◆ **Task directions**:
Repeat the listing below in full and exactly, but without its pictures.

(The input Opens)

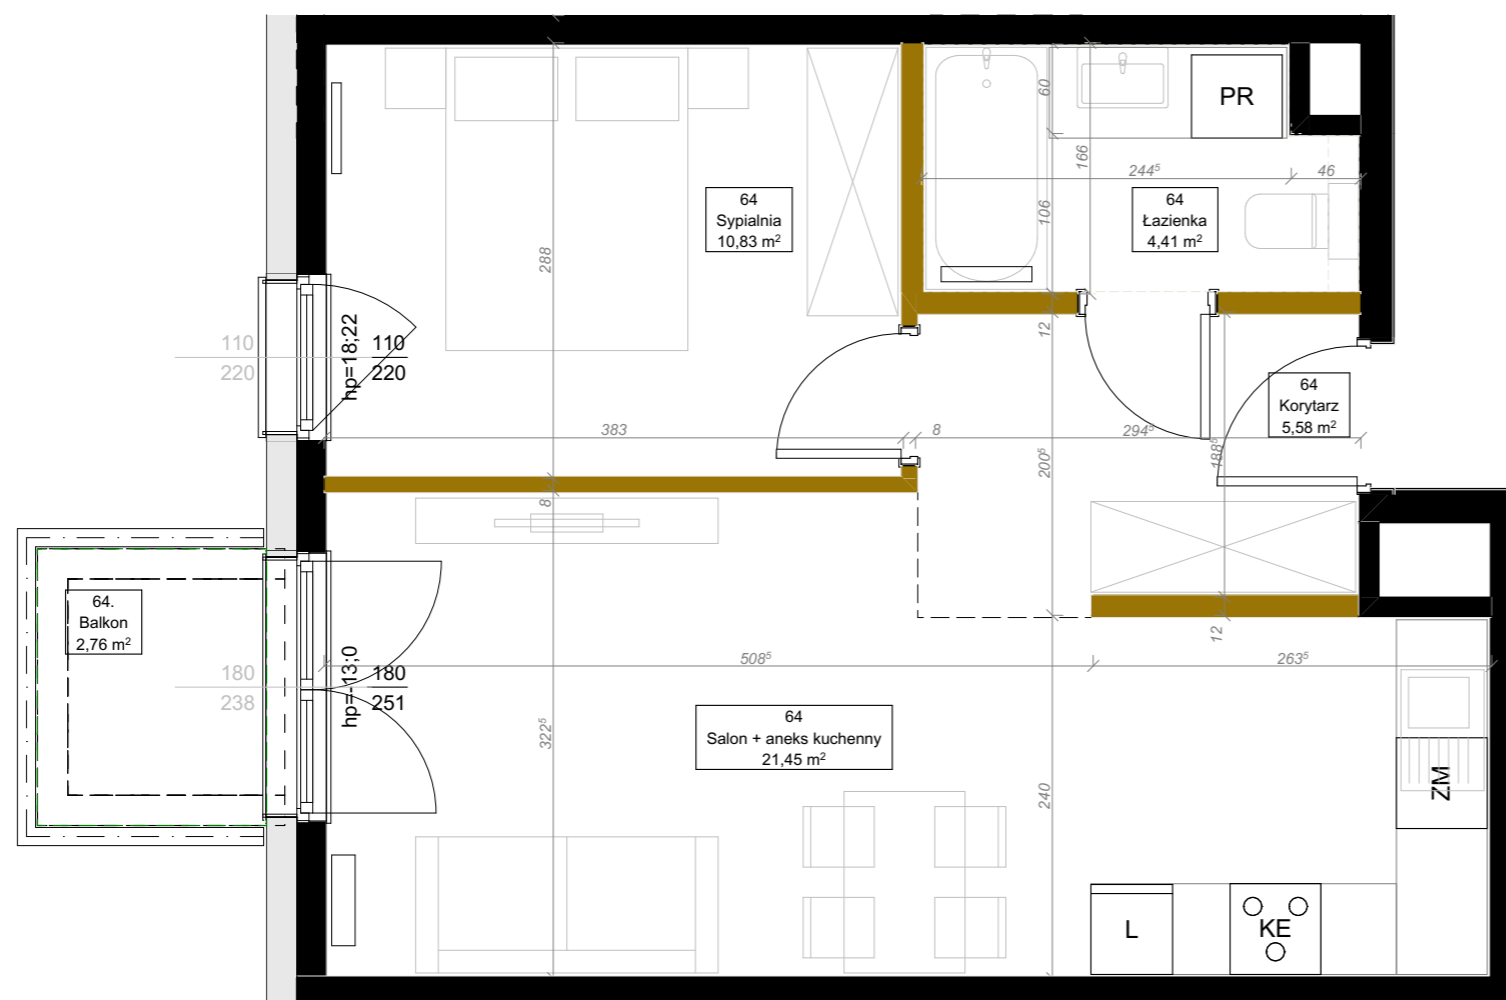

## Ożarów Mazowiecki

Położenie lokalu na terenie inwestycji

Dane mieszkania:

### BUDYNEK A, 1. PIĘTRO

### LOKAL 64

| Nazwa pomieszczenia          | Powierzchnia               |
|------------------------------|----------------------------|
| Salon + aneks kuchenny       | 21,45                      |
| Sypialnia                    | 10,83                      |
| Korytarz                     | 5,58                       |
| Łazienka                     | 4,41                       |
| <b>Powierzchnia użytkowa</b> | <b>42,27 m<sup>2</sup></b> |
| Balkon                       | 2,76                       |
|                              | <b>2,76 m<sup>2</sup></b>  |
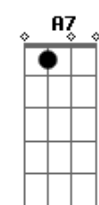

© ukulele-chords.com
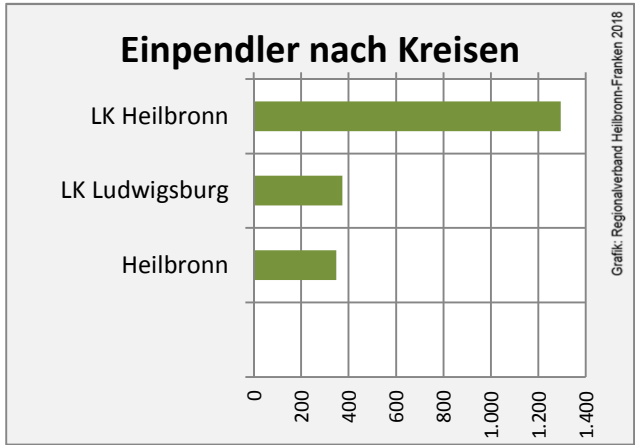

# Lauffen am Neckar - Beschäftigung

Datengrundlage: Statistik der Bundesagentur für Arbeit

Abbildungen und Berechnungen: Regionalverband Heilbronn-Franken

# Lauffen am Neckar - Pendlerverflechtungen 2017

**Pendlersaldo: -1339**

Datengrundlage: Statistik der Bundesagentur für Arbeit

Abbildungen: Regionalverband Heilbronn-Franken (keine Berücksichtigung von Werten unter 30)
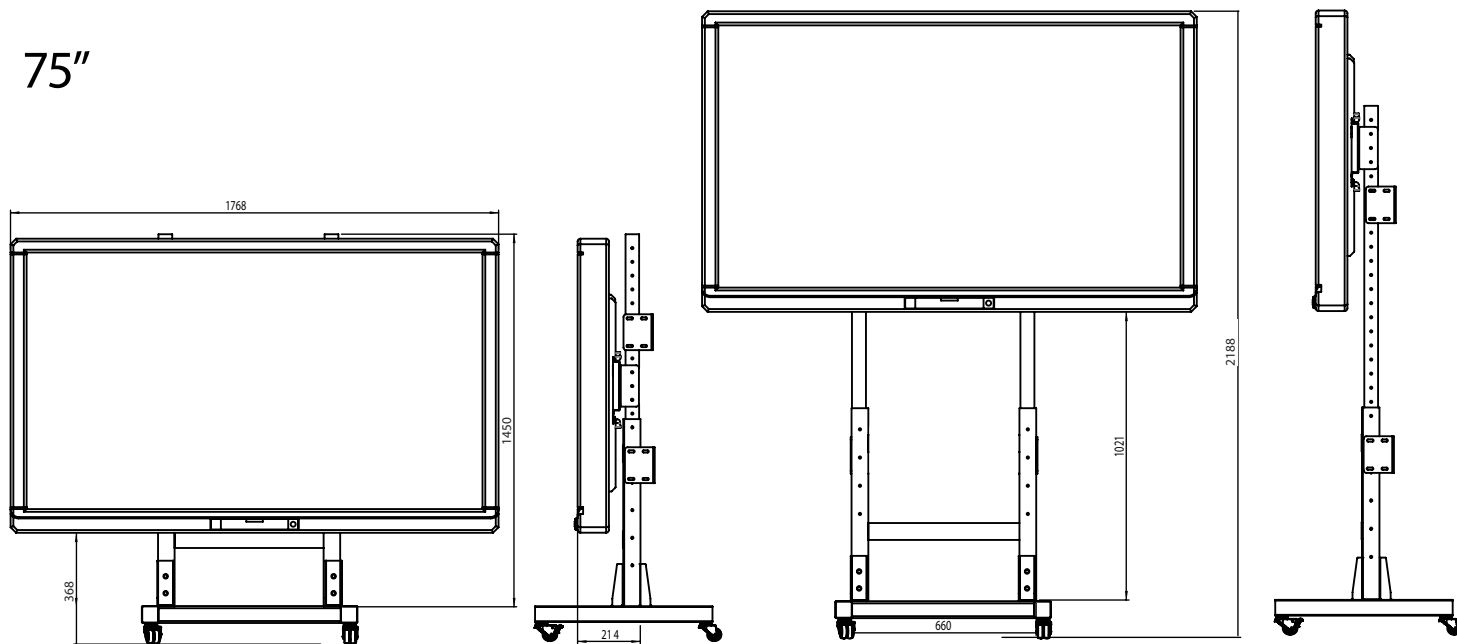

Accommodates displays from 32 to 86 inches

Fixed height but flexible installation options as displays height can be set according to needs

Display lock

Simple installation

Max. display weight: 80 kg

CE certified

Standard

Shipped as standard
Dostarczane w standardzie

Mi Large mount

Shipped when ordered as an accessory
Wysyłane po zamówieniu
jako akcesorium

DISPLAY HEIGHTS / ALTURAS DE MONITOR

86"

Bottom position / Posición baja: 273 mm

Top position / Posición alta: 2275 mm

75"

Bottom position / Posición baja: 368 mm

Top position / Posición alta: 1121 mm

Bottom position / Posición baja: 445 mm

Top position / Posición alta: 1110 mm

PRODUCT DETAILS / DETALLES DE PRODUCTO
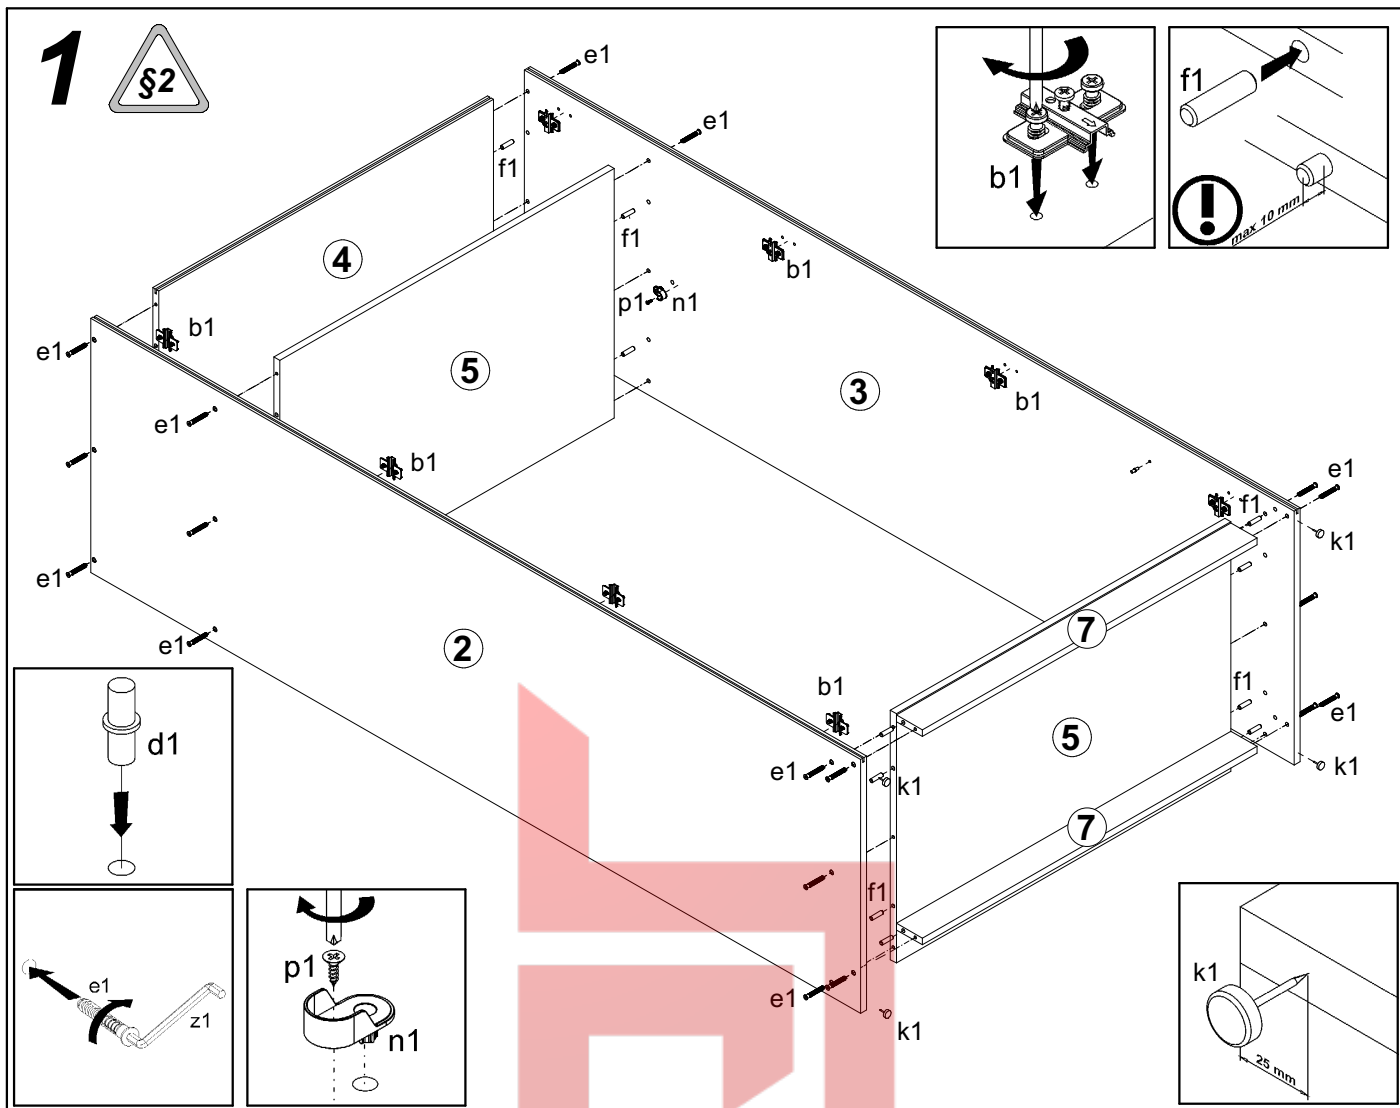

ВАЛЕРІЯ / ВАЛЕРИЯ

Шафа / Шкаф 2d - V_05

A	B	C	D	
1	V90-005	2098	445	3/3
2	V90-101	2190	590	1/3
3	V90-102	2190	590	1/3
4	V90-301	900	580	2/3
5	V90-302	900	580	2/3
6	V90-317	900	580	2/3
7	V90-401	900	70	2/3
8	V90-507	2214	40	1/3
9	V90-508	899	40	2/3
10	V90-901	2114	463	1/3
11	dr-895	895	24	2/3
12	lh-2087	2087	14	1/3

8x a1	8x b1	4x d1 φ5x17 mm	22x e1 φ7x50 mm	16x f1 φ8x30 mm	22x f11 46x18/4 mm	4x k1	70x l1
2x n1	1x n26\1	2x p1 φ3,5x13 mm	1x p38 φ3,5x16 mm	22x s1	4x s4 φ5	12x s6 φ8	1x z1
1x y1 Клей	2x c39 Каштан / Талшын	4x p9 φ4x30 mm	Вільха / Ольха Қарағаш		2x c251 128 mm	4x j30 M4x22 мм

(The input Closes)

◆ **Output of the task**:
## Ożarów Mazowiecki

Położenie lokalu na terenie inwestycji

Dane mieszkania:

### BUDYNEK A, 1. PIĘTRO

### LOKAL 64

| Nazwa pomieszczenia          | Powierzchnia               |
|------------------------------|----------------------------|
| Salon + aneks kuchenny       | 21,45                      |
| Sypialnia                    | 10,83                      |
| Korytarz                     | 5,58                       |
| Łazienka                     | 4,41                       |
| <b>Powierzchnia użytkowa</b> | <b>42,27 m<sup>2</sup></b> |
| Balkon                       | 2,76                       |
|                              | <b>2,76 m<sup>2</sup></b>  |

© ukulele-chords.com

# Lauffen am Neckar - Beschäftigung

Datengrundlage: Statistik der Bundesagentur für Arbeit

Abbildungen und Berechnungen: Regionalverband Heilbronn-Franken

# Lauffen am Neckar - Pendlerverflechtungen 2017

**Pendlersaldo: -1339**

Datengrundlage: Statistik der Bundesagentur für Arbeit

Abbildungen: Regionalverband Heilbronn-Franken (keine Berücksichtigung von Werten unter 30)

Accommodates displays from 32 to 86 inches

Fixed height but flexible installation options as displays height can be set according to needs

Display lock

Simple installation

Max. display weight: 80 kg

CE certified

Standard

Shipped as standard
Dostarczane w standardzie

Mi Large mount

Shipped when ordered as an accessory
Wysyłane po zamówieniu
jako akcesorium

DISPLAY HEIGHTS / ALTURAS DE MONITOR

86"

Bottom position / Posición baja: 273 mm

Top position / Posición alta: 2275 mm

75"

Bottom position / Posición baja: 368 mm

Top position / Posición alta: 1121 mm

Bottom position / Posición baja: 445 mm

Top position / Posición alta: 1110 mm

PRODUCT DETAILS / DETALLES DE PRODUCTO

ВАЛЕРІЯ / ВАЛЕРИЯ

Шафа / Шкаф 2d - V_05

A	B	C	D	
1	V90-005	2098	445	3/3
2	V90-101	2190	590	1/3
3	V90-102	2190	590	1/3
4	V90-301	900	580	2/3
5	V90-302	900	580	2/3
6	V90-317	900	580	2/3
7	V90-401	900	70	2/3
8	V90-507	2214	40	1/3
9	V90-508	899	40	2/3
10	V90-901	2114	463	1/3
11	dr-895	895	24	2/3
12	lh-2087	2087	14	1/3

8x a1	8x b1	4x d1 φ5x17 mm	22x e1 φ7x50 mm	16x f1 φ8x30 mm	22x f11 46x18/4 mm	4x k1	70x l1
2x n1	1x n26\1	2x p1 φ3,5x13 mm	1x p38 φ3,5x16 mm	22x s1	4x s4 φ5	12x s6 φ8	1x z1
1x y1 Клей	2x c39 Каштан / Талшын	4x p9 φ4x30 mm	Вільха / Ольха Қарағаш		2x c251 128 mm	4x j30 M4x22 мм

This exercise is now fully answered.